When “overflow” replaces decree, covenant collapses. Creation is no longer a result of divine freedom and wisdom (WCF IV.1), but an emotional spillover. The covenant becomes afterglow, not condescension.
And if God’s love merely “spilled out,” why covenant structure? Why law? Why blood? Did Sinai happen from overflow? Was the Cross a pipe burst? Tear out covenant from creation, and redemption loses its footing. Judgment becomes a mood swing.
Herman Bavinck didn’t need overflow metaphors. He had something stronger: divine fullness. God creates not out of need, but out of glory. The Trinity is not a cosmic friendship circle—it is the eternally blessed communion of one Being, three Persons.
He writes: “God is the plenitude of being… who knows and loves Himself with infinite power and consciousness.”1
The WCF does not blink: God is “infinite in being and perfection… without body, parts, or passions.”2 When we trade that for poetic overflow, we don’t get intimacy—we get instability.
And here's the Baptist twist. Huff, a Reformed Baptist, doesn’t quote or reference the 1689 Second London Baptist Confession either. Not a phrase. Not a chapter. Not even “subsisteth in three persons.” He avoids Westminster and London—dodging the very Reformed roots that could support his apologetic.
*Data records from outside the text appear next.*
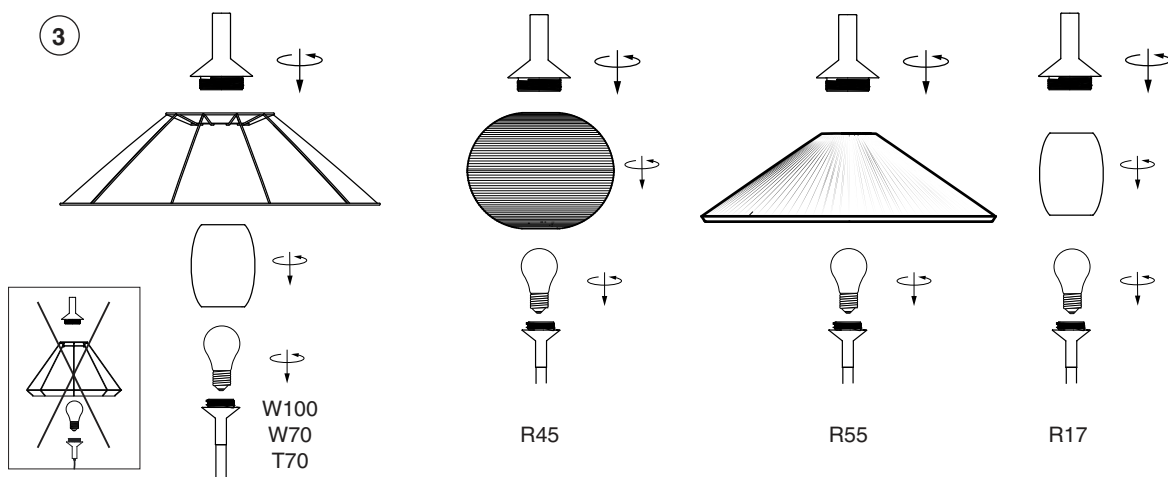

Options

TECHNICAL FEATURES

1 X E27 MAX 15W LED no incl.

Together
we take care
of the planet

Together we take care of the planet.

This is why we reduce paper consumption. Please refer to the safety, maintenance and warranty instructions at www.faro.es. If you cannot access it, call us at +34 937 723 965 or write to export@faro.es.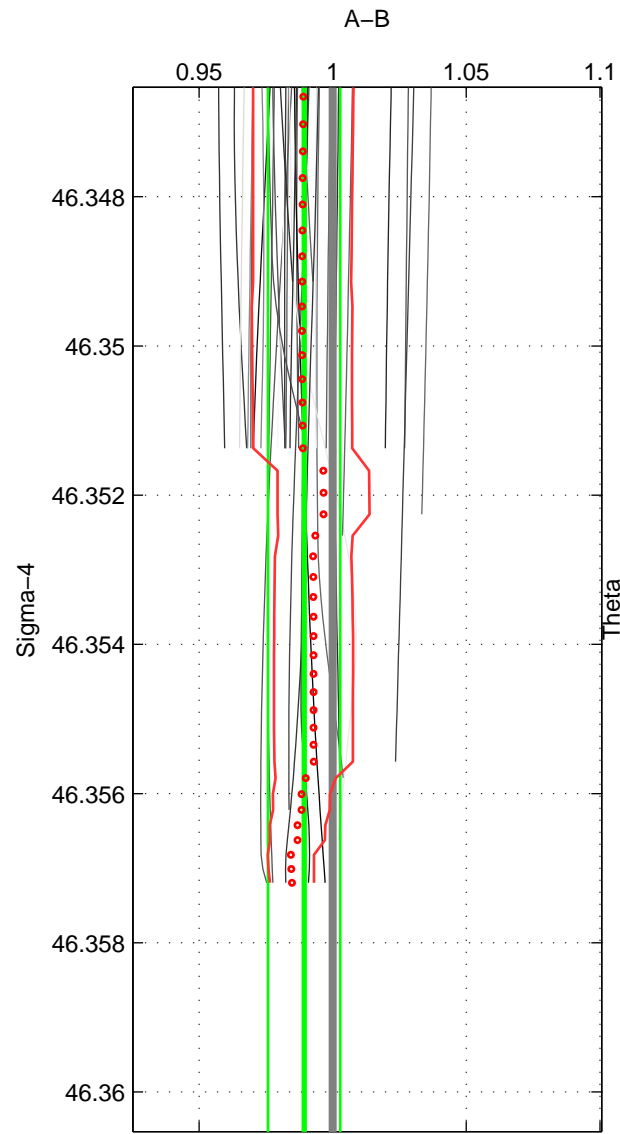

Cruise A (red). Date: Jul 2003 Cruisename: 50-320620030705
 Cruise B (blue). Date: Aug 2004 Cruisename: 56-32H120040718

*** "Favourite" values are those of space 2.

	Offset	O.StDev	Ratio	R.Stdev	Rating
SIGMA:	-0.011	0.014	0.989	0.014	3
THETA:	-0.007	0.025	0.993	0.024	5
DEPTH:	-0.020	0.016	0.982	0.015	3
FAV. :	-0.007	0.025	0.993	0.024	5

Profiles of A: 25
 Profiles of B: 2
 Diff profs : 33
 WMoffset (A-B): -0.011186
 WMoffset stdev: 0.014226
 WMratio (A/B): 0.98935
 WMratio stdev: 0.013511

Quality (1-5): 3

Profiles of A: 25
 Profiles of B: 6
 Diff profs : 98
 WMoffset (A-B): -0.007362
 WMoffset stdev: 0.024887
 WMratio (A/B): 0.99323
 WMratio stdev: 0.023777

Quality (1-5): 5

Profiles of A: 25
 Profiles of B: 5
 Diff profs : 82
 WMoffset (A-B): -0.019549
 WMoffset stdev: 0.015769
 WMratio (A/B): 0.98156
 WMratio stdev: 0.014964

Quality (1-5): 3

Please note that statistics are bad.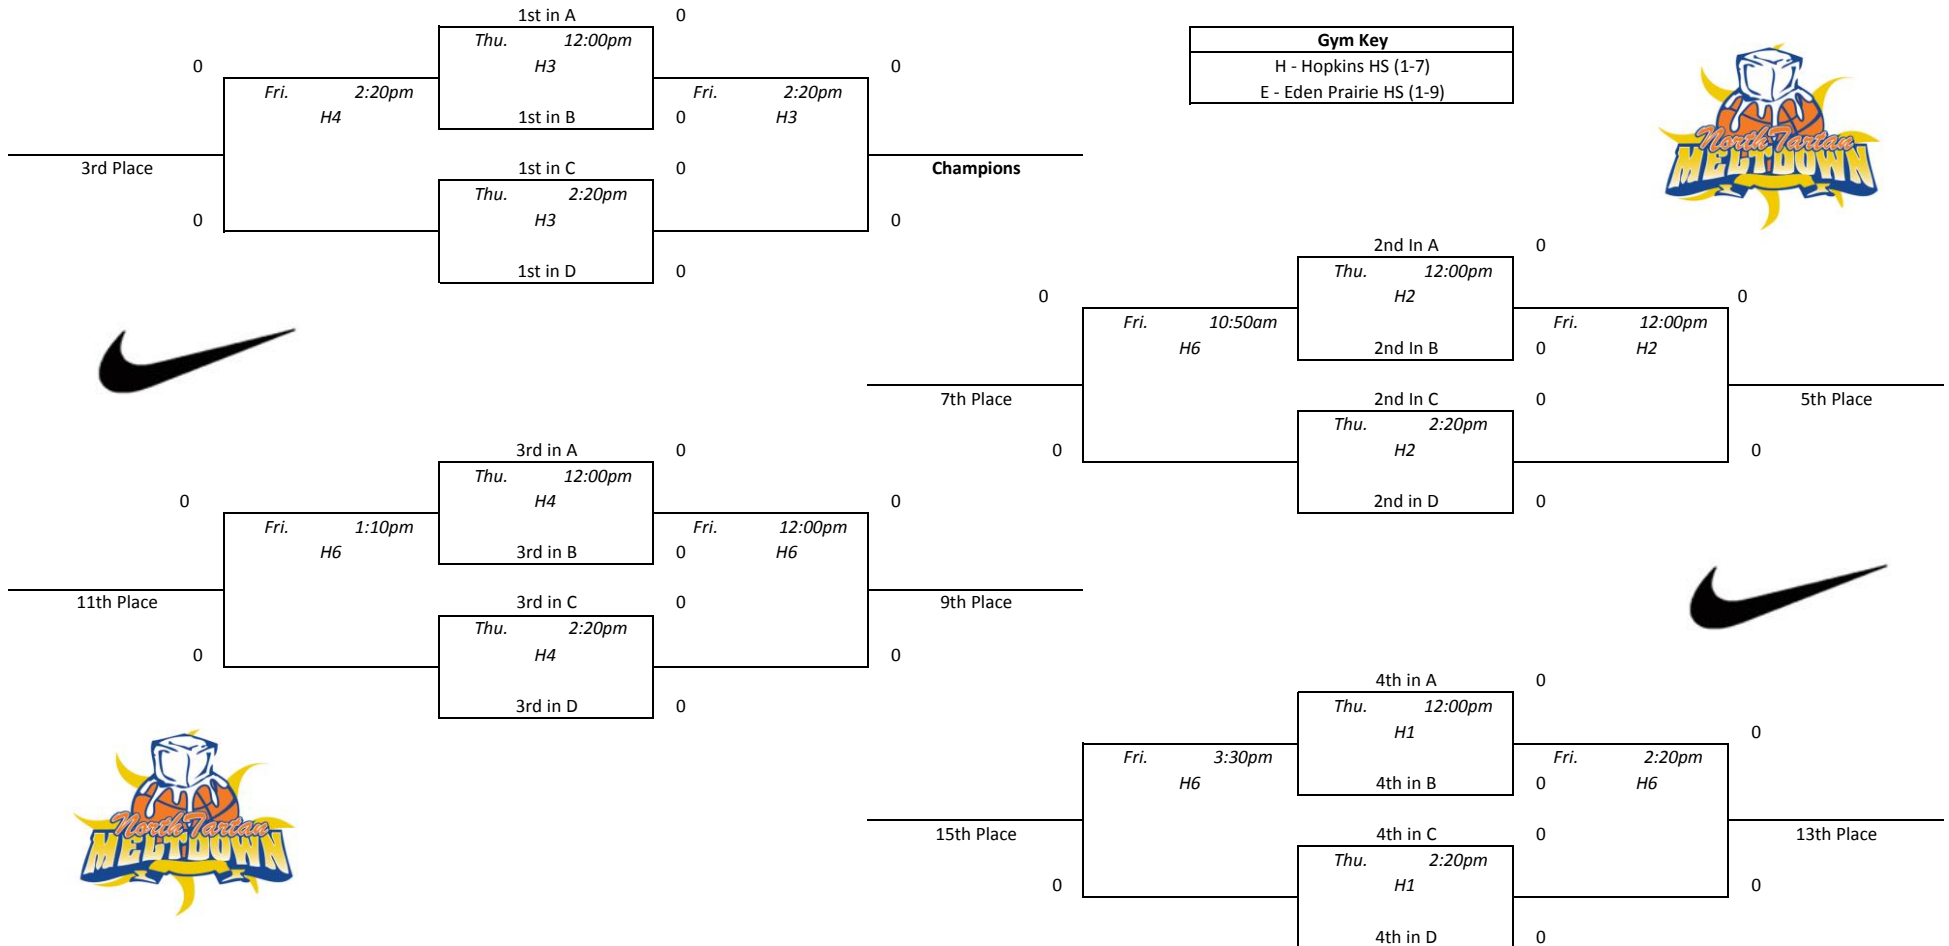

North Tartan Meltdown - Platinum Blue

Pool A				
1	ND Phenom 17	0-0	1st	
2	All Iowa Attack 10th Nike	0-0	1st	
3	Unity Stars (NE)	0-0	1st	
4	Legends of WI Silver	0-0	1st	
1 vs 2 Wed. 4:40pm H2 0-0				
3 vs 4 Wed. 4:40pm H1 0-0				
1 vs 3 Wed. 8:10pm H1 0-0				
2 vs 4 Wed. 8:10pm H2 0-0				
1 vs 4 Thu. 8:30am H3 0-0				
2 vs 3 Thu. 8:30am H2 0-0				

Pool B				
1	SD Cyclones	0-0	1st	
2	MN Fury 2015 Gold	0-0	1st	
3	WI Blizzard Biddick	0-0	1st	
4	Team Fury Select	0-0	1st	
1 vs 2 Wed. 3:30pm H2 0-0				
3 vs 4 Wed. 3:30pm H1 0-0				
1 vs 3 Wed. 7:00pm H1 0-0				
2 vs 4 Wed. 7:00pm H2 0-0				
1 vs 4 Thu. 8:30am H1 0-0				
2 vs 3 Thu. 8:30am H4 0-0				

Pool C				
1	Wolf Pack Belgium 16s	0-0	1st	
2	North Tartan 15U	0-0	1st	
3	WBA Prestige Green	0-0	1st	
4	MN Stars Crossfire	0-0	1st	
1 vs 2 Wed. 9:40am H4 0-0				
3 vs 4 Wed. 9:40am H1 0-0				
1 vs 3 Wed. 1:10pm H1 0-0				
2 vs 4 Wed. 1:10pm H3 0-0				
1 vs 4 Thu. 10:50am H4 0-0				
2 vs 3 Thu. 10:50am H3 0-0				

Pool D				
1	I-Ball Academy	0-0	1st	
2	Nebraska Force 11th	0-0	1st	
3	So-Minn Fury 2015	0-0	1st	
4	Metro Stars 15	0-0	1st	
1 vs 2 Wed. 8:30am H1 0-0				
3 vs 4 Wed. 8:30am H3 0-0				
1 vs 3 Wed. 12:00pm H1 0-0				
2 vs 4 Wed. 12:00pm H4 0-0				
1 vs 4 Thu. 10:50am H1 0-0				
2 vs 3 Thu. 10:50am H2 0-0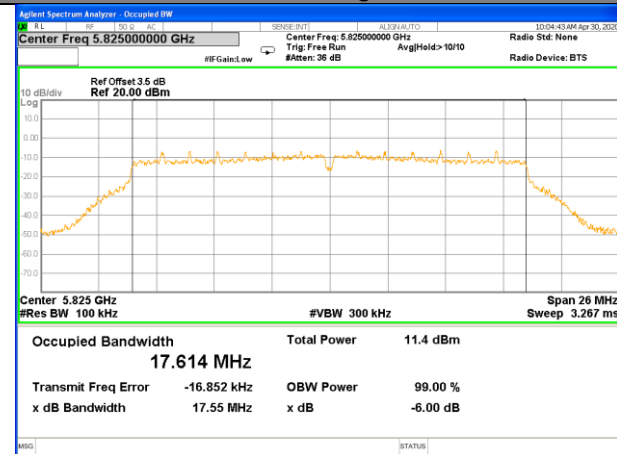

WLAN\_Band-4

WLAN\_Band-4

W58\_11n40\_Lower\_6BW

W58\_11n40\_Higher\_6BW

W58\_11ac20\_Lower\_6BW

W58\_11ac20\_Middle\_6BW

W58\_11ac20\_Higher\_6BW

W58\_11ac40\_Lower\_6BW

WLAN\_Band-4

WLAN\_Band-4

W58\_11ac40\_Higher\_6BW

W58\_11ac80\_-6\_Bandwidth\_5775M

This post-confessionalism is not neutrality. It is surrender. By removing classical categories, Huff makes his theology digestible for ecumenism—superficially agreeable across traditions, but doctrinally diluted. Lowest common denominator theology is great for interfaith panels. It cannot guard the church.
So let us speak plainly. Wesley Huff’s popular presentations are charming, but theologically disarmed. They offer warmth without weight, metaphor without substance, and community without covenant. They are incapable of defending the faith against even the softest forms of modern heresy.
Only the classical, Reformed, confessional vision of God—immutable, triune, and self-sufficient—can sustain the gospel, uphold the covenant, and anchor the church. Every other view is not just inadequate, it is, historically and theologically, indefensible and dangerous.